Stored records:
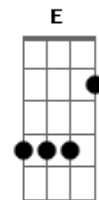

Patrick Watson - Melody Noir

tom:

Intro: Gbm

[Primeira Parte]

Gbm Db7
Gbm Db7
Tell me where the wind is blowing 'cause that's where the music's going
Gbm Db7 Gbm
You are my big dark blue and I wanna swim all around you
D Gbm
You are the sweetest melody I never sung

[Segunda Parte]

Gbm Db7 Gbm
I feel like I know you but you're just a ghost to me
Gbm Db7 Gbm
But when I sit beside your shadow somehow it comforts me
D Gbm
You are the sweetest melody I never sung

[Refrão]

A Db7 A
You are my island of love my remedy to rescue me
A Db7 D
You are a breeze of a song that carries me
D Gbm
You are the sweetest melody I never sung

Gbm Db7 Gbm
La la la la la la la la la la la la la
Gbm Db7 D

La la la la la la la la la la
G Db7
La la

[Terceira Parte]

Gbm Db7 Gbm
I've got a hole the size of your touch that fits in your arms as much
Gbm Db7 Gbm
And when I try to fill it up the hole gets bigger every time
D Gbm E
You are the sweetest melody I never sung
D
You are the sweetest melody I never sung

[Refrão]

A Db7 A
You are my island of love my remedy to rescue me
A Db7 D
You are a breeze of a song that carries me
D Gbm
You are the sweetest melody I never sung

[Quarta Parte]

Db7 E7 A Db7
Canta canta mi luna mi luna llena
Db7 E7 A Db7
Esta melodía que es el abismo dentro de mi
Gbm E D
El abismo dentro de mi
Gbm E D
Mi luna mi luna llena

Acordes

© ukulele-chords.com

© ukulele-chords.com

© ukulele-chords.com

© ukulele-chords.com

© ukulele-chords.com

© ukulele-chords.com

© ukulele-chords.com
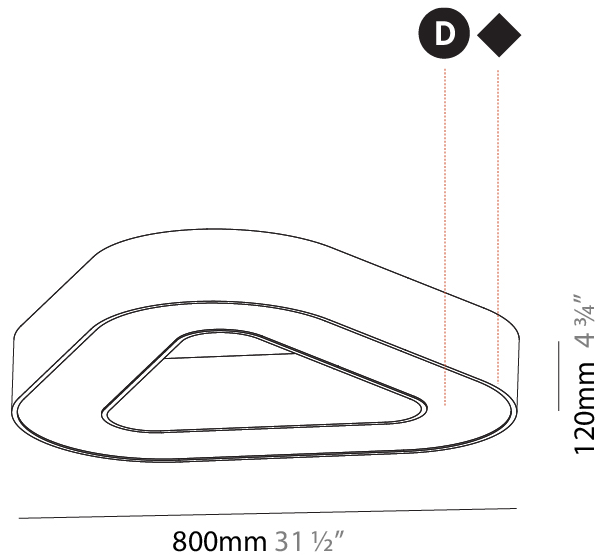

1. To build a product code in our configurator select the specify button on the base model # product page
2. To build a manual product code on this datasheet choose from the options listed below in blue font and add the suffix to the base model #

GENERAL

Series: Victory
Brand: Prolicht
Division: Architectural
Mounting Type: Surface
Mounting Location: Ceiling
Subcategory: Ambient

PHYSICAL

Shape: Abstract
Length (mm): 800
Length (in): 31 ½
Width (mm): 800
Width (in): 31 ½
Height (mm): 120
Height (in): 4 ¾
Light Distribution: Direct
Weight (kg): 7.67
Weight (lbs): 16.91
Diffuser: PMMA - Opal or Micro-Prism
Fixture Finish: SSR / BKV / CWI / CRY / HAB / UFT / ITA / RUA / FTG / MYG / LOD / PUS / FRO / FUP / KIA / POP / BLS / SPG / MEY / GOH / GUM / CHC / COM / ABZ / JAG / OBR / MOS / ROR
Fixture Material: Aluminum

ELECTRICAL

Lamp Type: LED (Zhaga Standard)
Input Wattage (W): 30
Total Output Wattage (W): 24 / 19.2 (3500K)
Dimming: Non-Dimming / Phase Dimming (120Vac only) / 0-10V Dimming
Driver Included: Yes
Driver Location: Integrated
Driver Type: Constant Current - 120 / 277Vac
Driver Class: Class 2
Input Voltage (V): 120 - 277
Constant Current (MA): 350 / 600 (3500K)

LED

Color Temperature (°K): 3000 / 3500 / 4000
Max. Delivered Lumen (lm): 2770 / 2862 / 2920
CRI: >80 CRI
Efficiency (%): 65
Lamp Life (hrs): 50000

OPTICAL

RATINGS AND CERTIFICATIONS

Certified By: Certified for North American Standards
IP rating: IP20
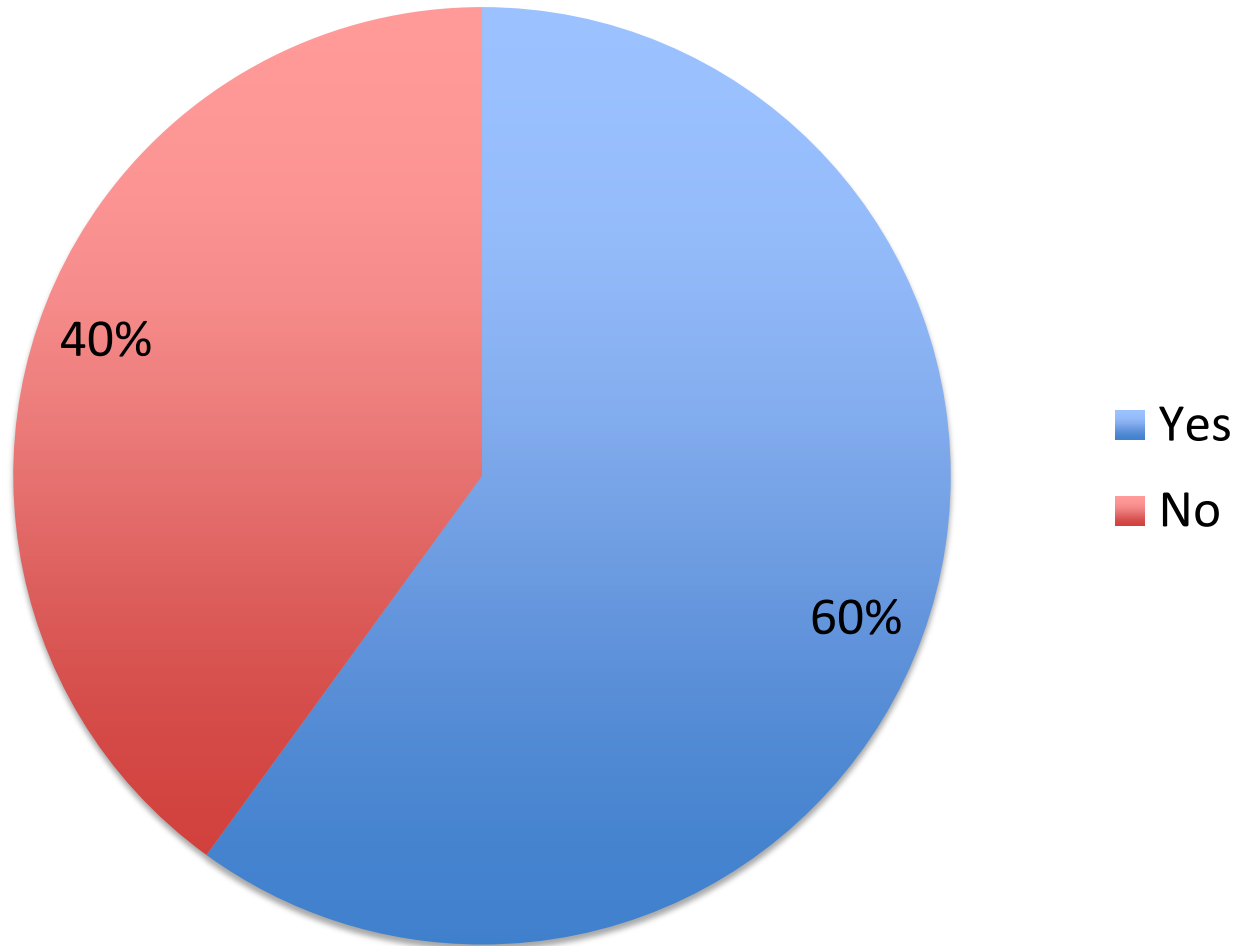

Does the IXP support remote peering?
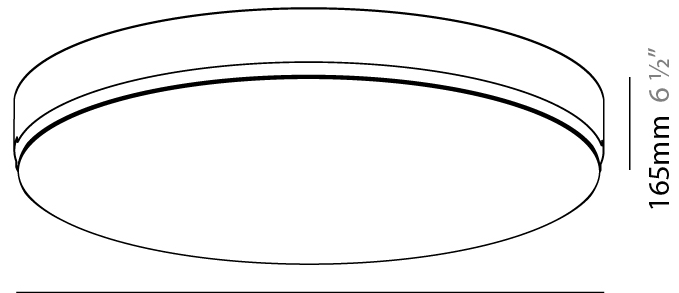

GENERAL

Series: Sign
Brand: Prolicht
Division: Architectural
Mounting Type: Trimless
Mounting Location: Ceiling
Subcategory: Ambient

PHYSICAL

Shape: Round
Diameter (mm): 630
Diameter (in): 24 13/16
Height (mm): 165
Height (in): 6 1/2
Light Distribution: Direct
Weight (kg): 8.3
Weight (lbs): 18.298
Diffuser: PMMA - Opal
Fixture Material: Extruded Aluminum / Steel
Cut-out Measurements: 655mm / 25 13/16"
Upon Request: Unique Sizes Unique Ceiling Thickness Unique Mounting Depth Spot Inserts

ELECTRICAL

Lamp Type: LED (Zhaga Standard)
Input Wattage (W): 66.5
Total Output Wattage (W): 57
Dimming: [Tri-Mode (Non-Dimming and Phase Dimming (120Vac only) and 0-10V Dimming)](#)
Driver Included: Yes
Driver Location: Integrated
Driver Type: Constant Current - Universal
Driver Class: Class 2
Input Voltage (V): 120 - 277
Constant Current (MA): 500

LED

[Color Temperature (°K): 2700 / 3000 / 3500 / 4000](#)
Max. Delivered Lumen (lm): 5535 / 6194 / 6358 / 6594
Nominal Lumen (lm): 7410 / 8292 / 8512 / 8828
CRI: >80 CRI
Efficiency (%): 65% (5mm Perspex)|74%
Lamp Life (hrs): 50000
Upon Request: RGB-W Tunable White Special Color Temperature CRI90

OPTICAL

RATINGS AND CERTIFICATIONS

Certified By: Certified for North American Standards
IP rating: IP20

PROJECT	_____
TYPE	_____
SPECIFIER	_____
QUANTITY	_____
DATE	_____

Ø 630mm 24 13/16"
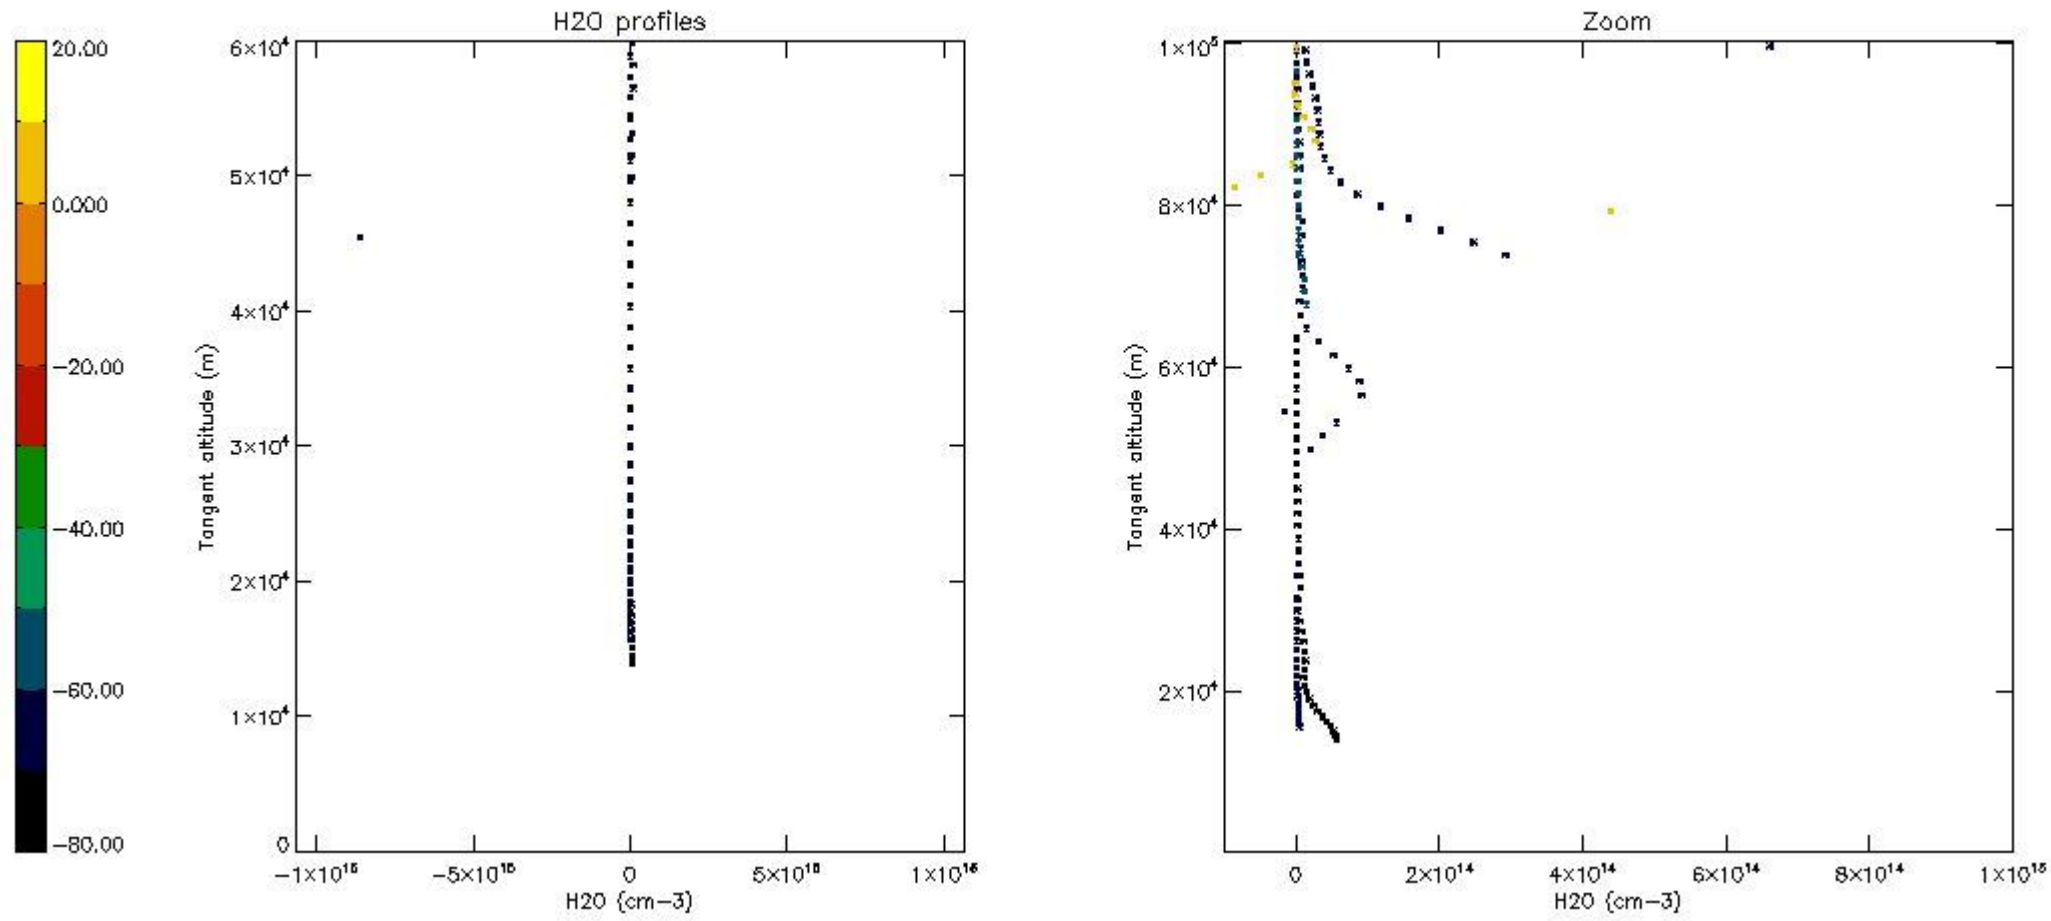

6. Auxiliary Data Files used for the production reported in section 2

The number reported in the third column indicates since which file (see list in section 2) the corresponding auxiliary file has been used. The fourth column is the date of those product files.

Type	Auxiliary Filename	Used since product	Used since product date
INST_PHYS_CHARACTERISTICS	GOM_INS_AXVIEC20091111_143220_20030716_120000_20500101_000000	1	09-AUG-2006 00:01:17
LEVEL-2_PROC_CONFIG	GOM_PR2_AXVIEC20091111_152718_20020301_000000_20500101_000000	1	09-AUG-2006 00:01:17
CROSS_SECTIONS_FILE	GOM_CRS_AXVIEC20091111_154832_20020301_000000_20500101_000000	1	09-AUG-2006 00:01:17
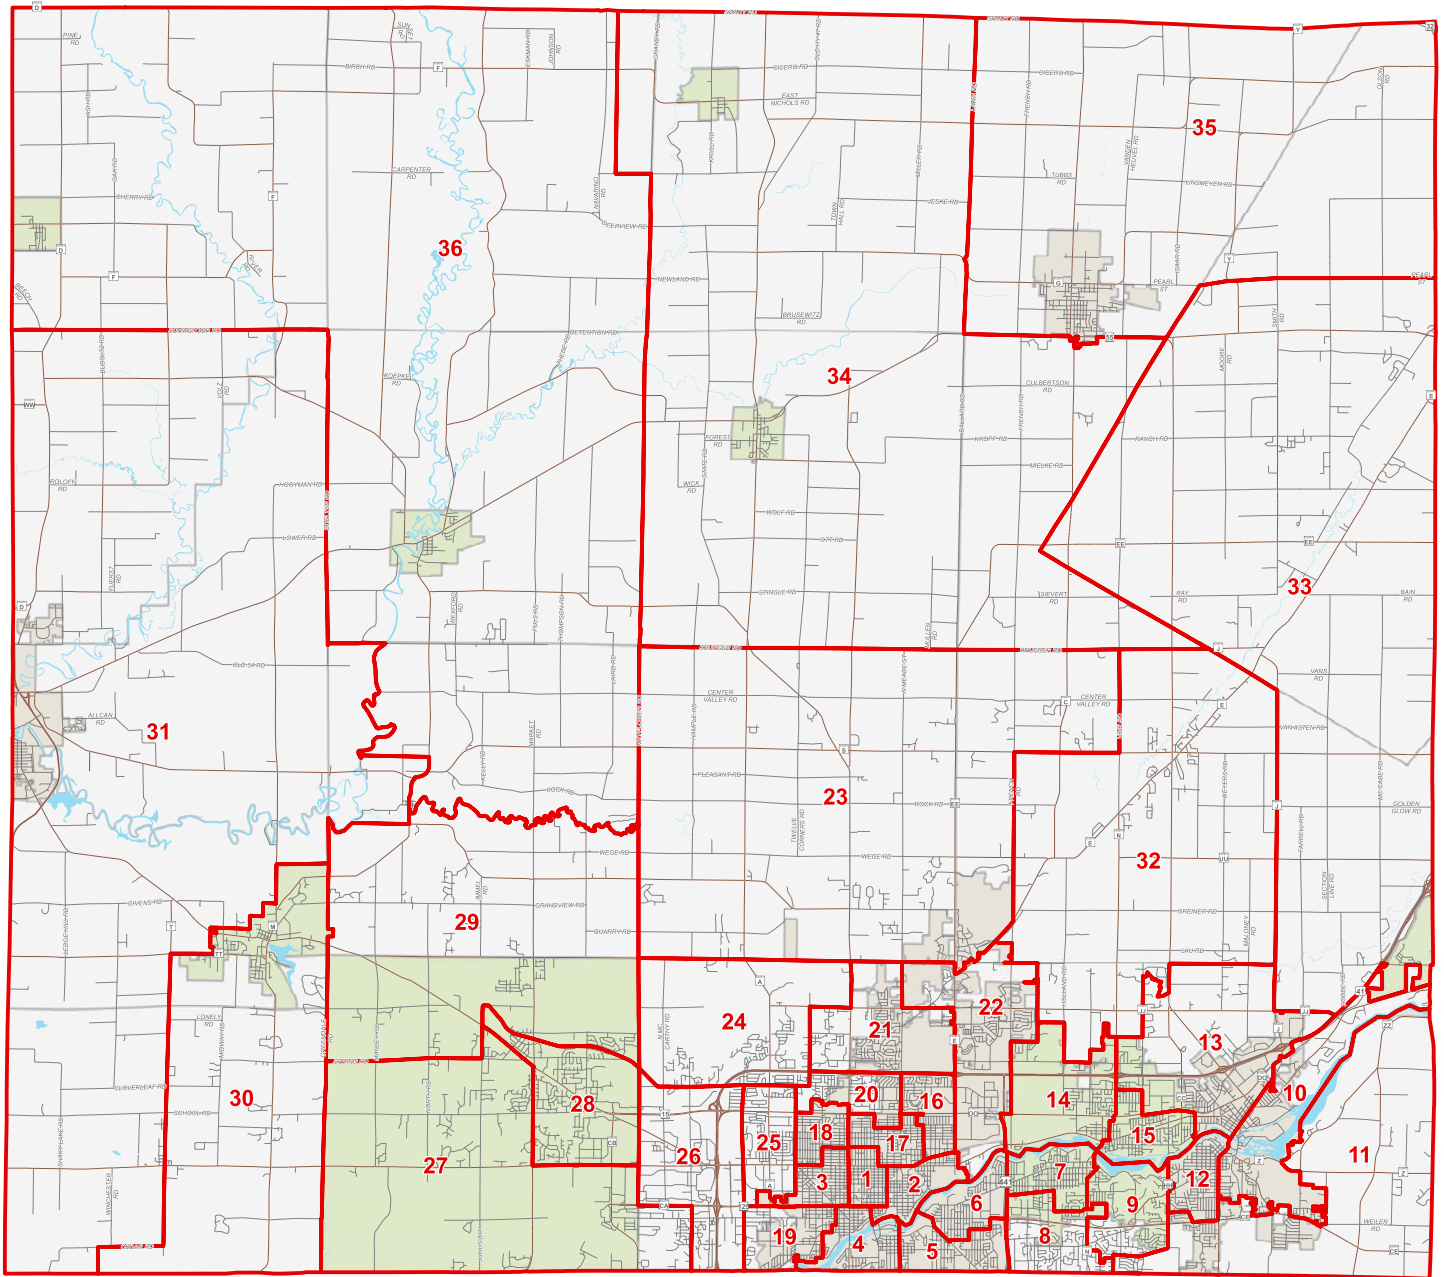

RECOMMENDED - Tentative Supervisory District Plan

LEGEND

- Plan A - Version 1 Boundary
- City
- Village
- Town
- US Hwy
- State/County Hwy
- Road

## Brief
Once the pictures are set aside, restate the remaining data above exactly.

## Answer to the exercise
Patrick Watson - Melody Noir

tom:

Intro: Gbm

[Primeira Parte]

Gbm Db7
Gbm Db7
Tell me where the wind is blowing 'cause that's where the music's going
Gbm Db7 Gbm
You are my big dark blue and I wanna swim all around you
D Gbm
You are the sweetest melody I never sung

[Segunda Parte]

Gbm Db7 Gbm
I feel like I know you but you're just a ghost to me
Gbm Db7 Gbm
But when I sit beside your shadow somehow it comforts me
D Gbm
You are the sweetest melody I never sung

[Refrão]

A Db7 A
You are my island of love my remedy to rescue me
A Db7 D
You are a breeze of a song that carries me
D Gbm
You are the sweetest melody I never sung

Gbm Db7 Gbm
La la la la la la la la la la la la la
Gbm Db7 D

La la la la la la la la la la
G Db7
La la

[Terceira Parte]

Gbm Db7 Gbm
I've got a hole the size of your touch that fits in your arms as much
Gbm Db7 Gbm
And when I try to fill it up the hole gets bigger every time
D Gbm E
You are the sweetest melody I never sung
D
You are the sweetest melody I never sung

[Refrão]

A Db7 A
You are my island of love my remedy to rescue me
A Db7 D
You are a breeze of a song that carries me
D Gbm
You are the sweetest melody I never sung

[Quarta Parte]

Db7 E7 A Db7
Canta canta mi luna mi luna llena
Db7 E7 A Db7
Esta melodía que es el abismo dentro de mi
Gbm E D
El abismo dentro de mi
Gbm E D
Mi luna mi luna llena

Acordes

© ukulele-chords.com

© ukulele-chords.com

© ukulele-chords.com

© ukulele-chords.com

© ukulele-chords.com

© ukulele-chords.com

© ukulele-chords.com

1. To build a product code in our configurator select the specify button on the base model # product page
2. To build a manual product code on this datasheet choose from the options listed below in blue font and add the suffix to the base model #

GENERAL

Series: Victory
Brand: Prolicht
Division: Architectural
Mounting Type: Surface
Mounting Location: Ceiling
Subcategory: Ambient

PHYSICAL

Shape: Abstract
Length (mm): 800
Length (in): 31 ½
Width (mm): 800
Width (in): 31 ½
Height (mm): 120
Height (in): 4 ¾
Light Distribution: Direct
Weight (kg): 7.67
Weight (lbs): 16.91
Diffuser: PMMA - Opal or Micro-Prism
Fixture Finish: SSR / BKV / CWI / CRY / HAB / UFT / ITA / RUA / FTG / MYG / LOD / PUS / FRO / FUP / KIA / POP / BLS / SPG / MEY / GOH / GUM / CHC / COM / ABZ / JAG / OBR / MOS / ROR
Fixture Material: Aluminum

ELECTRICAL

Lamp Type: LED (Zhaga Standard)
Input Wattage (W): 30
Total Output Wattage (W): 24 / 19.2 (3500K)
Dimming: Non-Dimming / Phase Dimming (120Vac only) / 0-10V Dimming
Driver Included: Yes
Driver Location: Integrated
Driver Type: Constant Current - 120 / 277Vac
Driver Class: Class 2
Input Voltage (V): 120 - 277
Constant Current (MA): 350 / 600 (3500K)

LED

Color Temperature (°K): 3000 / 3500 / 4000
Max. Delivered Lumen (lm): 2770 / 2862 / 2920
CRI: >80 CRI
Efficiency (%): 65
Lamp Life (hrs): 50000

OPTICAL

RATINGS AND CERTIFICATIONS

Certified By: Certified for North American Standards
IP rating: IP20

Does the IXP support remote peering?

GENERAL

Series: Sign
Brand: Prolicht
Division: Architectural
Mounting Type: Trimless
Mounting Location: Ceiling
Subcategory: Ambient

PHYSICAL

Shape: Round
Diameter (mm): 630
Diameter (in): 24 13/16
Height (mm): 165
Height (in): 6 1/2
Light Distribution: Direct
Weight (kg): 8.3
Weight (lbs): 18.298
Diffuser: PMMA - Opal
Fixture Material: Extruded Aluminum / Steel
Cut-out Measurements: 655mm / 25 13/16"
Upon Request: Unique Sizes Unique Ceiling Thickness Unique Mounting Depth Spot Inserts

ELECTRICAL

Lamp Type: LED (Zhaga Standard)
Input Wattage (W): 66.5
Total Output Wattage (W): 57
Dimming: [Tri-Mode (Non-Dimming and Phase Dimming (120Vac only) and 0-10V Dimming)](#)
Driver Included: Yes
Driver Location: Integrated
Driver Type: Constant Current - Universal
Driver Class: Class 2
Input Voltage (V): 120 - 277
Constant Current (MA): 500

LED

[Color Temperature (°K): 2700 / 3000 / 3500 / 4000](#)
Max. Delivered Lumen (lm): 5535 / 6194 / 6358 / 6594
Nominal Lumen (lm): 7410 / 8292 / 8512 / 8828
CRI: >80 CRI
Efficiency (%): 65% (5mm Perspex)|74%
Lamp Life (hrs): 50000
Upon Request: RGB-W Tunable White Special Color Temperature CRI90

OPTICAL

RATINGS AND CERTIFICATIONS

Certified By: Certified for North American Standards
IP rating: IP20

PROJECT	_____
TYPE	_____
SPECIFIER	_____
QUANTITY	_____
DATE	_____

Ø 630mm 24 13/16"

6. Auxiliary Data Files used for the production reported in section 2

The number reported in the third column indicates since which file (see list in section 2) the corresponding auxiliary file has been used. The fourth column is the date of those product files.

Type	Auxiliary Filename	Used since product	Used since product date
INST_PHYS_CHARACTERISTICS	GOM_INS_AXVIEC20091111_143220_20030716_120000_20500101_000000	1	09-AUG-2006 00:01:17
LEVEL-2_PROC_CONFIG	GOM_PR2_AXVIEC20091111_152718_20020301_000000_20500101_000000	1	09-AUG-2006 00:01:17
CROSS_SECTIONS_FILE	GOM_CRS_AXVIEC20091111_154832_20020301_000000_20500101_000000	1	09-AUG-2006 00:01:17

RECOMMENDED - Tentative Supervisory District Plan

LEGEND

- Plan A - Version 1 Boundary
- City
- Village
- Town
- US Hwy
- State/County Hwy
- Road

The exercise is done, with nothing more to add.